In fact, Al-Karooni argues misinterpretation of the business can sometimes be a negative for its profitability. She continues: “For me it was about how I can create something that people will use, and which benefits and motivates them in a particular way. The by-product is the environmental bonus.”

When Globechain started, the reuse market was a very different beast and Al-Karooni as a result experienced lots of criticism of the circular economy model. “People would tell me that it wasn’t a real business, but for me failure wasn’t an option. Now the circular economy market is worth £5 trillion. We have challenges every day because we’re leading into the unknown and need to be confident and believe in what we’re doing.”

Globechain has since featured in Forbes magazine as a ‘Start-up to watch in 2019’ and is also mentored by eBay. As a result, the company expanded into Germany last year, adding to its network in France, Spain and The Netherlands. It is also growing in the US, which Al-Karooni describes as a ‘global yet local’ service.

Charities signed up to the marketplace also reflect this global outlook. For example, many African charities have received sizeable donations due to legal variance. Where UK corporations are not allowed to take on medical equipment, such as crutches, patient beds and saline solution, African charities have no such guidance and can therefore use the equipment to create more medical infrastructure.

Al-Karooni adds: “It’s not waste, it’s an asset and could be someone’s life going forward. It’s been amazing to see a little idea take up, and we do often forget as business people the impact it can make. We’re stopping medical equipment from being incinerated and instead kitting a hospital out.”


Circular future

As for future challenges, Al-Karooni is deciding to focus on the positives Brexit could bring to Globechain, despite widespread market criticism from other areas of the sector. “I do have concerns as most of my team are European, plus we’re going to go into Europe; it’s how that is going to affect legislation and policy on reuse. But we are a marketplace so we don’t have assets – therefore we are scalable.”
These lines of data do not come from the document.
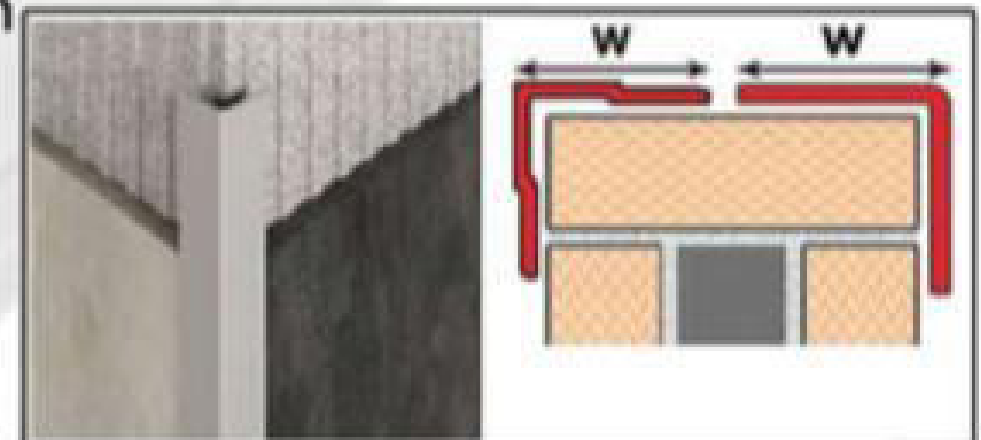

بازرگانه کهربا

Code	Height	Length	Material
TR	Free Of Size	250 cm	Aluminium Anodized Electro Static

این پروفیل در کنج های منفی و قرنیز مورد استفاده قرار میگیرد. میزان دور ریز سرامیک را به شدت کاهش داده و بهترین انتخاب برای استفاده در مراکز درمانی، دارویی و غذایی به دلیل وجود گوشه های گرد و آلودگی گریز آن است.

Code	Width	Length	Material
TLS 200	20 mm	250 cm	Aluminium Anodized Electro Static
TLG 150	15 mm		

پروفیل کاربردی جهت محافظت از لبه های بیرونی سنگ و سرامیک که پس از نصب سدحه دیده اند. این پروفیل قابلیت نصب پس از اتمام پروژه برای مواردی که از پروفیل نبشی استفاده نکرده اند را دارد.

Code	Width	Length	Material
TT 180	18 mm	250 cm	Aluminium Anodized Electro Static

پروفیل T اتصال دهنده دو متریال همسان و غیرهمسان است و به عنوان پوشش دهنده لبه های سدحه دیده سنگ، سرامیک یا کاشی در کف و دیوار مورد استفاده قرار می گیرد.

She is also equally optimistic about the potential of working with waste companies rather than viewing them as competition. She says: “There is some really clever technology in the recycling world and people are moving away from the classic recycling model. Now we’re seeing waste companies come to us and ask us for our data because it’s not the same as theirs, so it’ll be interesting to see how they can change their models.
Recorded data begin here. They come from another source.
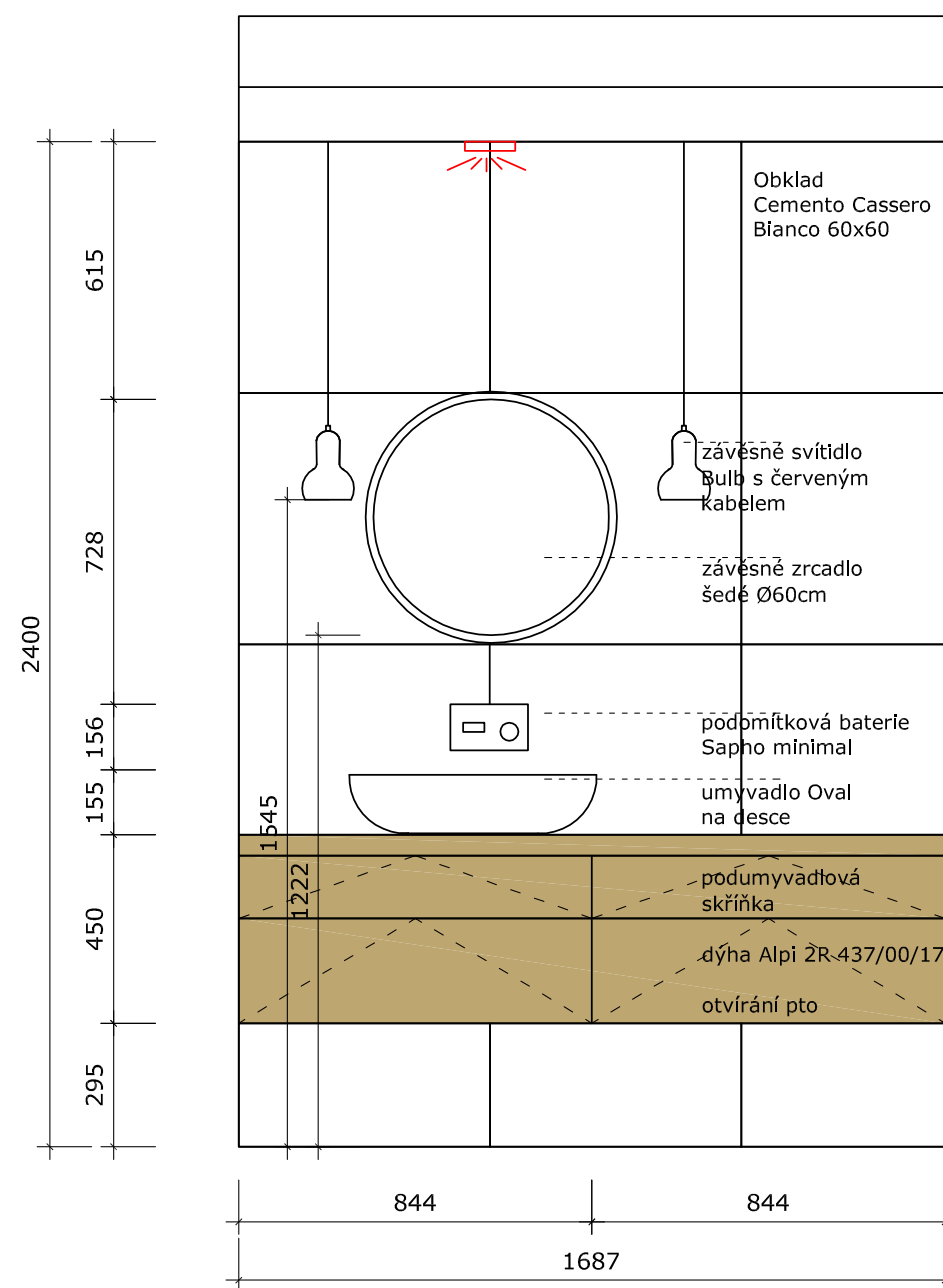

otvírání pto

KUCHYNĚ - pohled na potravinovou skříň a lednici

Návrh vychází z přeložených rozměrů lednice od klienta
Rozměry lednice: 178x92x72cm

KUCHYNĚ - potravinová skříň

DVÍŘKA SE SCHODY DO KOMORY

KUCHYNĚ

OBKLAD: cemento caserro bianco 60x60

PODLAHA: cemetová stěrka ral 000 65 00

Materiál pro podumyvadlovou skříň
dýha Alpi 2R 437/00/Y17

schema zabudování wc do stěny

KOUPELNA - POHLEDY

TV skříňka

Řez skříňkou

KOUPELNA - POHLEDY

KOUPELNA - ZAŘIZOVANÍ PŘEDMĚTY

SVÍTIDLA

Závěsné svítidlo u zrcadla

Venkovní stropní svítidlo Rendl - MERIDO R10430

ovládací tlačítko pro WC

ZAŘIZOVACÍ PŘEDMĚTY

Sapho MINIMAL podomítková umyvadlová baterie, nerez (MI004)

Sapho JUSTIME bidetová sprcha s držákem, chrom

PODLAHA: cemetová stěrka ral 000 65 00

KOUPELNA - SPRCHA

Skleněná zástěna LAGOS 100x195cm
přichycená tyčí do stěny

průměr 60cm

ALCA-PURE-1450M rošt podlahového
žlabu matný (PURE-1450M) - ALCA-
PLAST

“There’s also some amazing Waste to Energy companies, but for them to take on smaller volumes, it’s much more of a challenge. So we are interested to see where we could partner up or own something ourselves. We aim high, but our members are also getting more sophisticated. They will certainly change as the circular economy advances.”

Globechain represents a sea change in new enterprises set to disrupt the traditional waste market, and is one of a growing number of businesses moving into the circular economy field. It is now up to the traditional market behemoths within the market to adapt their business models and begin to offer new services to their clients, learning from those who are utilising digital platforms to boost their offerings.